How to complete this task:
Reproduce exactly, from the line containing "nočné stolíky hr. materiálu 38mm", every line down to the end of the data below.
<<<<
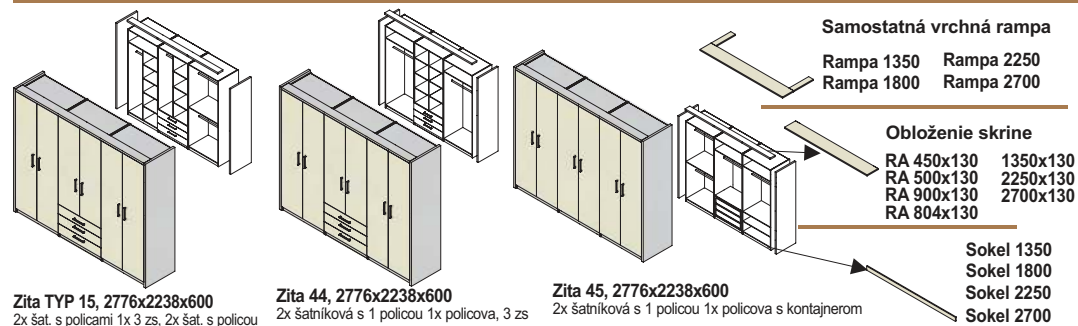

Ostatné úchytky na strane 46 na objednávku

ZITA hr. materiálu „38”

Dodávané v demonte

kolekcia LUX

spálne

Dodávané v demonte

nočné stolíky hr. materiálu 38mm

skrine Zita LUX - korpus a predné plochy
>>>>
Solution to this exercise:
nočné stolíky hr. materiálu 38mm

skrine Zita LUX - korpus a predné plochy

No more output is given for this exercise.